### Work to complete
Look at the entries below and restate word for word the lines from the first through the one that has "LEVEL 60-66".

= Beginning of Section =

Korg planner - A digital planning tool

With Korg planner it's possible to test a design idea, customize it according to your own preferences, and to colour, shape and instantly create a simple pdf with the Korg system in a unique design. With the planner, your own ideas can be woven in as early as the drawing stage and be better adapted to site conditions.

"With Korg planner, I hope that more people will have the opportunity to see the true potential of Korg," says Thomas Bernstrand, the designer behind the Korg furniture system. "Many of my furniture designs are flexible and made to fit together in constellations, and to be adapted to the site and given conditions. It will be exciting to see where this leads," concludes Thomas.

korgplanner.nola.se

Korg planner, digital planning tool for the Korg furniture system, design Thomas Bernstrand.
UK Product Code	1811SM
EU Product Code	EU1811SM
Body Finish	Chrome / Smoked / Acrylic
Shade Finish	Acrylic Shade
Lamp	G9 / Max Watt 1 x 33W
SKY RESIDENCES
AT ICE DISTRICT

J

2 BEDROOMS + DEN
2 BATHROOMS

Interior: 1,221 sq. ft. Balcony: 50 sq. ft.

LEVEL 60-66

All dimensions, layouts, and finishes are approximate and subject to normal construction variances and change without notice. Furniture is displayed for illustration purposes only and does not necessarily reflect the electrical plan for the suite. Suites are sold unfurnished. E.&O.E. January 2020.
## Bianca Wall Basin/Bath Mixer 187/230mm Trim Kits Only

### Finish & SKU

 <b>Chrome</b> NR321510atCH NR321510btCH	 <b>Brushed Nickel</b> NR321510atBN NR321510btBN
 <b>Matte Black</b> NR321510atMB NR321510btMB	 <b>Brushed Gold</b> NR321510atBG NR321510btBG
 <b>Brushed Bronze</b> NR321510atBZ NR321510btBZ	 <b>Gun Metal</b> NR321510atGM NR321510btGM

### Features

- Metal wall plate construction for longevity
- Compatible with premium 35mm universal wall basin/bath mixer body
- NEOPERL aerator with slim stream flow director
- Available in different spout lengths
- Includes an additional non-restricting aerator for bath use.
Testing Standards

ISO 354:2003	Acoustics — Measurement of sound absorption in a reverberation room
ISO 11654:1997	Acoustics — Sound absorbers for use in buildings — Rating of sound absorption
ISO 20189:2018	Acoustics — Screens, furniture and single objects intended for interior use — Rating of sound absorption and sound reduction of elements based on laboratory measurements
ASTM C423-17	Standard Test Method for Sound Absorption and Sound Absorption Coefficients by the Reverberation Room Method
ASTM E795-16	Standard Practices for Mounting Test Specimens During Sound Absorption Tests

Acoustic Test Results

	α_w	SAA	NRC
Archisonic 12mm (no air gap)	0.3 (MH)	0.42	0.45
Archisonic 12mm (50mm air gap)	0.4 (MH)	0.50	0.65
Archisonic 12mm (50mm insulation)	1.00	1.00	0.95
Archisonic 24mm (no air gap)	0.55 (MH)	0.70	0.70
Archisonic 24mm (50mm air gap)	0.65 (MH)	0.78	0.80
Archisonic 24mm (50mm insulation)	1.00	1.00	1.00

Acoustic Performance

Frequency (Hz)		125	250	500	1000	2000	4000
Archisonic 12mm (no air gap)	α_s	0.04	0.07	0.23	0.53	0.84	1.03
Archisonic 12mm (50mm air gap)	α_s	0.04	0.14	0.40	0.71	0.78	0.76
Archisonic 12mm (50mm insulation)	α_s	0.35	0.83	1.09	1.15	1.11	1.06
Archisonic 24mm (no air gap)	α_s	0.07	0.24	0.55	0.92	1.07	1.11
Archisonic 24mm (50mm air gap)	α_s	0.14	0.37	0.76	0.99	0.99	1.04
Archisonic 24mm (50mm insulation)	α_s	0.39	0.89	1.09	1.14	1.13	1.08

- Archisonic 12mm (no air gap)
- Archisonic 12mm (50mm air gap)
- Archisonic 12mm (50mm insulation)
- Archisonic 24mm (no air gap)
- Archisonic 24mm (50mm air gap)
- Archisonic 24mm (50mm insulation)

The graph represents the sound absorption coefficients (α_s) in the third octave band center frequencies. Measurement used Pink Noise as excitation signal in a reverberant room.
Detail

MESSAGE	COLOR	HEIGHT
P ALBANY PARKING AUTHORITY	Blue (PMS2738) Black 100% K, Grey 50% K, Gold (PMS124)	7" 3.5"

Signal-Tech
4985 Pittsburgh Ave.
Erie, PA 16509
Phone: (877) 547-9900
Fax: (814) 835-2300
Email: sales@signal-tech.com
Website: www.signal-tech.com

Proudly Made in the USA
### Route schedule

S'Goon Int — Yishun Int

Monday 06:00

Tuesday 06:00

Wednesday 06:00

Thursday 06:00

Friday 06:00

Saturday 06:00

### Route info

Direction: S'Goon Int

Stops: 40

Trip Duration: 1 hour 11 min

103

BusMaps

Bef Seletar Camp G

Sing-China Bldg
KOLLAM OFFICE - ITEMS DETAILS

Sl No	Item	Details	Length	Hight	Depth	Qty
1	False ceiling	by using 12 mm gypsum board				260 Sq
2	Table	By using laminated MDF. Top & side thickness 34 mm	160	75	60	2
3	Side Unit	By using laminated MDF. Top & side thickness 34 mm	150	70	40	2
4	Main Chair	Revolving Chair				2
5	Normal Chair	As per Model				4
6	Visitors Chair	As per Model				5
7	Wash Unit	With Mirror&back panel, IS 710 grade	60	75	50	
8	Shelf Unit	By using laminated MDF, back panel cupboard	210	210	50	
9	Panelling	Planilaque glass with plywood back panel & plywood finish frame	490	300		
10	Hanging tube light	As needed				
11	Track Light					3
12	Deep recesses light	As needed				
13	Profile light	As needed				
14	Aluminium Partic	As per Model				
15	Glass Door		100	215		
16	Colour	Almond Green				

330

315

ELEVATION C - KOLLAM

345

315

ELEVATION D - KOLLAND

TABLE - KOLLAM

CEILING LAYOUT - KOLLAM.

= End of Section =

### Worked solution
Korg planner - A digital planning tool

With Korg planner it's possible to test a design idea, customize it according to your own preferences, and to colour, shape and instantly create a simple pdf with the Korg system in a unique design. With the planner, your own ideas can be woven in as early as the drawing stage and be better adapted to site conditions.

"With Korg planner, I hope that more people will have the opportunity to see the true potential of Korg," says Thomas Bernstrand, the designer behind the Korg furniture system. "Many of my furniture designs are flexible and made to fit together in constellations, and to be adapted to the site and given conditions. It will be exciting to see where this leads," concludes Thomas.

korgplanner.nola.se

Korg planner, digital planning tool for the Korg furniture system, design Thomas Bernstrand.
UK Product Code	1811SM
EU Product Code	EU1811SM
Body Finish	Chrome / Smoked / Acrylic
Shade Finish	Acrylic Shade
Lamp	G9 / Max Watt 1 x 33W
SKY RESIDENCES
AT ICE DISTRICT

J

2 BEDROOMS + DEN
2 BATHROOMS

Interior: 1,221 sq. ft. Balcony: 50 sq. ft.

LEVEL 60-66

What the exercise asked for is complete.